Pbest and gbest are constituted. Pbest is a memory of all particles in the solution set, equal to their initial positions in the first step. Pbest is checked at each iteration, and the positions of the developing particles are memorized in Pbest. In a given iteration, the elements of Pbest represent the best individual memories of all particles so far. “gbest” is the memory of the swarm and is the best particle of Pbest. In this step, gbest and pbest vectors are generated only for the first iteration. In subsequent iterations these vectors are updated.
-
Step 6.
The values of the cognitive, social coefficients and inertia weight parameters are calculated by the Eqs. (15–17).
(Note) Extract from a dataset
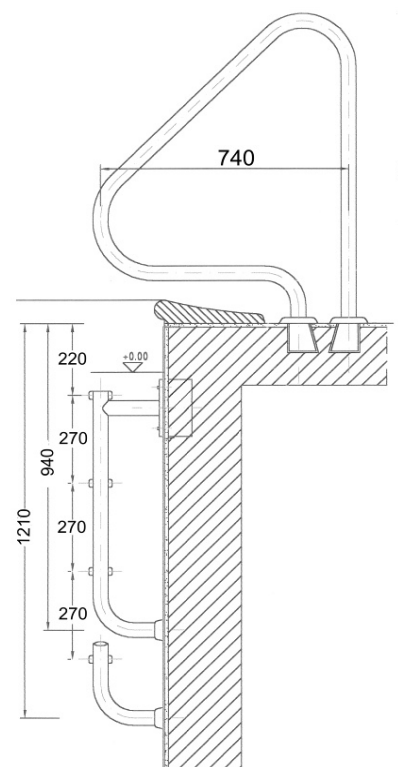

SCALETTA GEMINA PER PISCINE PUBBLICHE

Codice	Modello	Numero gradini	Materiale gradini	Listino
SCD200N	GEMINA 3XP	3	AISI 304	€ 960,00
SCD202N	GEMINA 4XP	4	AISI 304	€ 1.000,00

$${w}^{(t)}={(w}^{initial}-{w}^{final})\frac{maxitr-t}{maxitr}+{w}^{final}$$(15)$${c}_{1}^{(t)}={(c}_{1}^{final}-{c}_{1}^{initial})\frac{t}{maxitr}+{c}_{1}^{initial}$$(16)$${c}_{2}^{(t)}={({c}_{2}^{initial}-c}_{2}^{final})\frac{maxitr-t}{maxitr}+{c}_{2}^{final}$$(17)
Equations (15–17) are used to linearly decrease or increase the coefficients. These equations allow the strengthening of global search by focusing on the strength of local search at the beginning and the final point on one point.
-
Step 7.
The new velocities and positions are calculated by using the Eqs. (18–20). The \({r}_{1}\) and \({r}_{2}\) random numbers are generated from \([\mathrm{0,1}]\) intervals. In addition, Eq. 3 ensures that the velocities are fixed within a certain range.
$${V}_{i,j}^{(t)}={w}^{(t)}{V}_{i,j}^{(t-1)}+{c}_{1}^{(t)}{r}_{1}\left({Pbest}_{i,j}^{(t)}-{P}_{i,j}^{(t)}\right)+{c}_{2}^{(t)}{r}_{2}\left({gbest}_{j}^{(t)}-{P}_{i,j}^{(t)}\right)$$(18)$${V}_{i,j}^{(t)}=\mathrm{min}(vmaps,\mathrm{max}\left(-vmaps,{V}_{i,j}^{\left(t\right)}\right))$$(19)$${P}_{i,j}^{(t)}={P}_{i,j}^{(t-1)}+{V}_{i,j}^{(t)}$$(20) -
Step 8.
Using Eq. (14), the fitness functions of all particles are calculated. A different function could have been selected as fitness function.
-
Step 9.
Pbest and gbest are updated. The fitness values calculated for the new positions of the particles are compared with the corresponding fitness value of Pbest, and if there is a new particle that lowers the fitness value according to its memory in Pbest, the relevant line of Pbest is replaced with new positions. Otherwise, no changes are made. After Pbest, the fitness value of the line with the best fitness value of the current Pbest is compared with the fitness value of “gbest”. If an improvement is achieved, “gbest” is changed, otherwise, it is not changed.
-
Step 10.
The restarting strategy counter is increased (\(rsc=rsc+1\)) and checked. If the \(rsc>limit1\) then all positions and velocities are re-generated and the \(rsc\) is taken as zero but “Pbest” and “gbest” are saved in this step.
-
Step 11.
The early stopping rule is checked. The \(esc\) counter is increased depending on the following condition.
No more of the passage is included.